DESCRIPTION OF THE TASK: Copy word for word, please, the lines of the entries below running from the one containing "- Tre justerbara" to the one containing "5 år - Produktgaranti", both ends included.

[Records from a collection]
=== Begin Enclosure ===
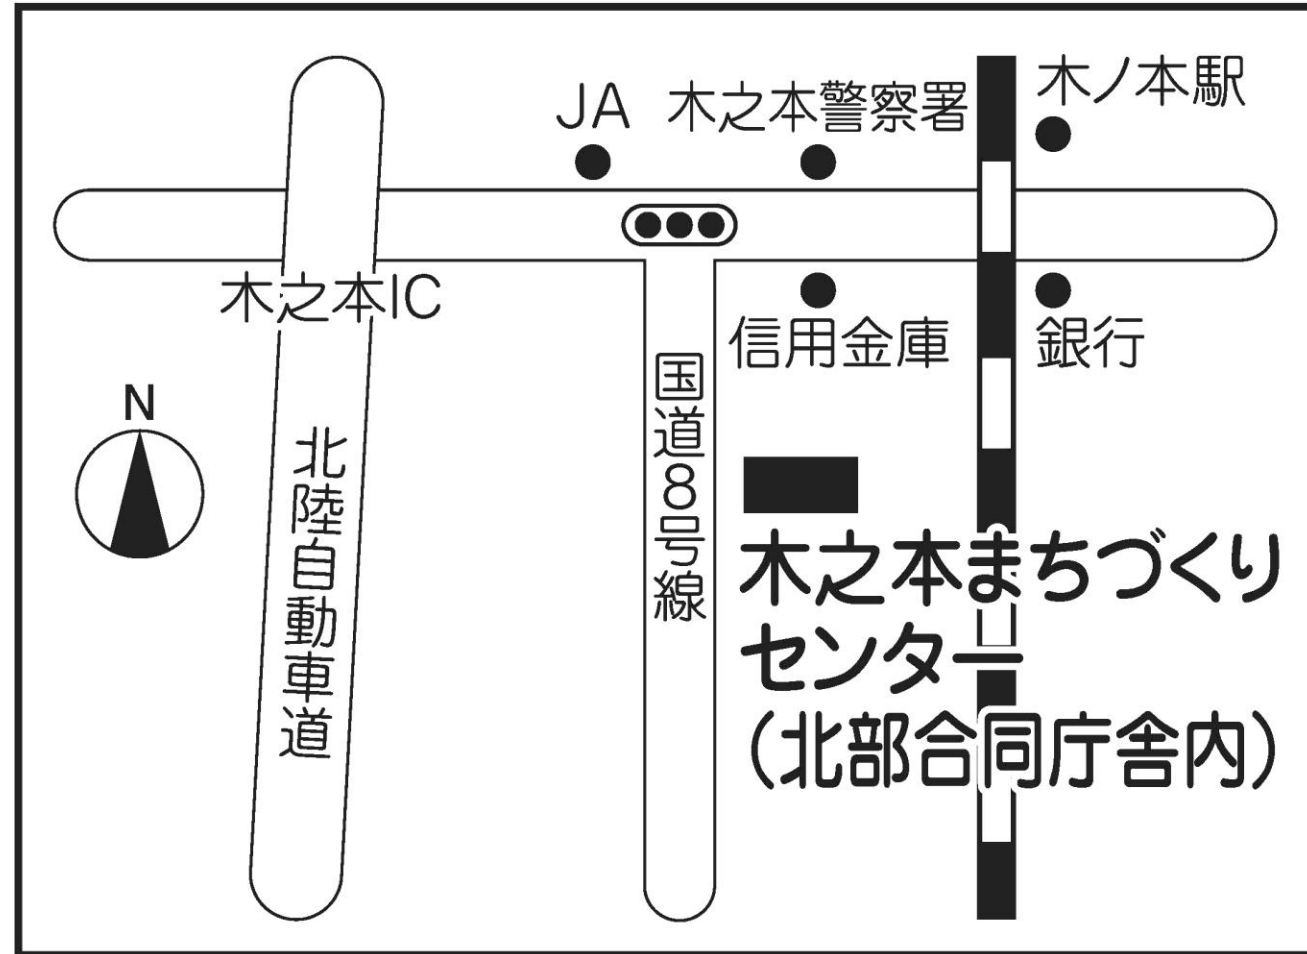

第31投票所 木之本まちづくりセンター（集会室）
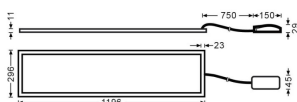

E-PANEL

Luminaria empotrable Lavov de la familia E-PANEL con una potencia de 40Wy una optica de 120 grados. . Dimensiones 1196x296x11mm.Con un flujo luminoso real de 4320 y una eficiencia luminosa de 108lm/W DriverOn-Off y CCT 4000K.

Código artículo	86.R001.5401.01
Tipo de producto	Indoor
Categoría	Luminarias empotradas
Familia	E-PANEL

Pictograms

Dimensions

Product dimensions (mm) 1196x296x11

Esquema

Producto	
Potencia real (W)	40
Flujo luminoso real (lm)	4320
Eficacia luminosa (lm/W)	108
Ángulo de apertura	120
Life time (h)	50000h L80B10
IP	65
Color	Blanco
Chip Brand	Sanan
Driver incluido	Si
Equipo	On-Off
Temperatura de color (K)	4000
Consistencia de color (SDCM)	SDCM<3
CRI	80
=== End Enclosure ===
=== Begin Enclosure ===
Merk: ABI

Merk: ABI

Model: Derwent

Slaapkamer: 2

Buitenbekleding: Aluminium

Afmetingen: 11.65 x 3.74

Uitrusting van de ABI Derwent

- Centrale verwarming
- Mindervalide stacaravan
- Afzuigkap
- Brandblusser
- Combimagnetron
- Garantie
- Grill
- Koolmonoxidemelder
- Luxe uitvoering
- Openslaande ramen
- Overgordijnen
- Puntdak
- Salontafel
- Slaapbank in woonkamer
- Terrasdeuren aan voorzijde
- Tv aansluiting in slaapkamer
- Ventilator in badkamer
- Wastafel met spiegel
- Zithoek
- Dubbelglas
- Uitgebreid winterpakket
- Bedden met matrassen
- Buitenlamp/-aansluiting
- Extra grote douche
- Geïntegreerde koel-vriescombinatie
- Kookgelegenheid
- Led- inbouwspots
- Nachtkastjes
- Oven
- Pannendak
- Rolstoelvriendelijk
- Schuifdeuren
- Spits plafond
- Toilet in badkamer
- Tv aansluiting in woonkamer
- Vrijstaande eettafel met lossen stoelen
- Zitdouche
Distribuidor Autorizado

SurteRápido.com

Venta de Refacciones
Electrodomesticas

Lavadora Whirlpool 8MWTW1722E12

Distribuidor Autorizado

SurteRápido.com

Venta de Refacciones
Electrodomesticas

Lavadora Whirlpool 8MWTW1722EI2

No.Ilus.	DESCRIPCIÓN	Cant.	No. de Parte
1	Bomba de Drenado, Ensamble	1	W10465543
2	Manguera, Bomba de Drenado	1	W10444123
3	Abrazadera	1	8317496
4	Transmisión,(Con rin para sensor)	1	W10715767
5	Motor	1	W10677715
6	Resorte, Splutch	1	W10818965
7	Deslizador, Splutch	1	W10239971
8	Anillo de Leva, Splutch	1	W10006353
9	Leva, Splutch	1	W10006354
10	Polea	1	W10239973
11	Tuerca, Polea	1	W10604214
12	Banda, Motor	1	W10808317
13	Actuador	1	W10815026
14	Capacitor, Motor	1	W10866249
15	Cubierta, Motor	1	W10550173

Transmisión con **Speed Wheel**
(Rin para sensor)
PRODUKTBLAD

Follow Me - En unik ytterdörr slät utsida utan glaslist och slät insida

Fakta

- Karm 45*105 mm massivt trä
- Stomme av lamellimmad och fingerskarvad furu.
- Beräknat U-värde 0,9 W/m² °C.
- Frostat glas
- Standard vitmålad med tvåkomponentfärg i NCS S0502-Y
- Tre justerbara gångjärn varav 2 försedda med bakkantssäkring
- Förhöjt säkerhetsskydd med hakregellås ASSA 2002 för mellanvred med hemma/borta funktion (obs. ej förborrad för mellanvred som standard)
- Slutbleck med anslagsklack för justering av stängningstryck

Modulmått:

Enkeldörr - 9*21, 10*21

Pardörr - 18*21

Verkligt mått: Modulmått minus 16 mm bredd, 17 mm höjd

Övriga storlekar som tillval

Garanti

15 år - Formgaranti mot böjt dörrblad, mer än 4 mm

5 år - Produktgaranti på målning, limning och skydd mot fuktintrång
=== End Enclosure ===
WRITTEN SOLUTION:
- Tre justerbara gångjärn varav 2 försedda med bakkantssäkring
- Förhöjt säkerhetsskydd med hakregellås ASSA 2002 för mellanvred med hemma/borta funktion (obs. ej förborrad för mellanvred som standard)
- Slutbleck med anslagsklack för justering av stängningstryck

Modulmått:

Enkeldörr - 9*21, 10*21

Pardörr - 18*21

Verkligt mått: Modulmått minus 16 mm bredd, 17 mm höjd

Övriga storlekar som tillval

Garanti

15 år - Formgaranti mot böjt dörrblad, mer än 4 mm

5 år - Produktgaranti på målning, limning och skydd mot fuktintrång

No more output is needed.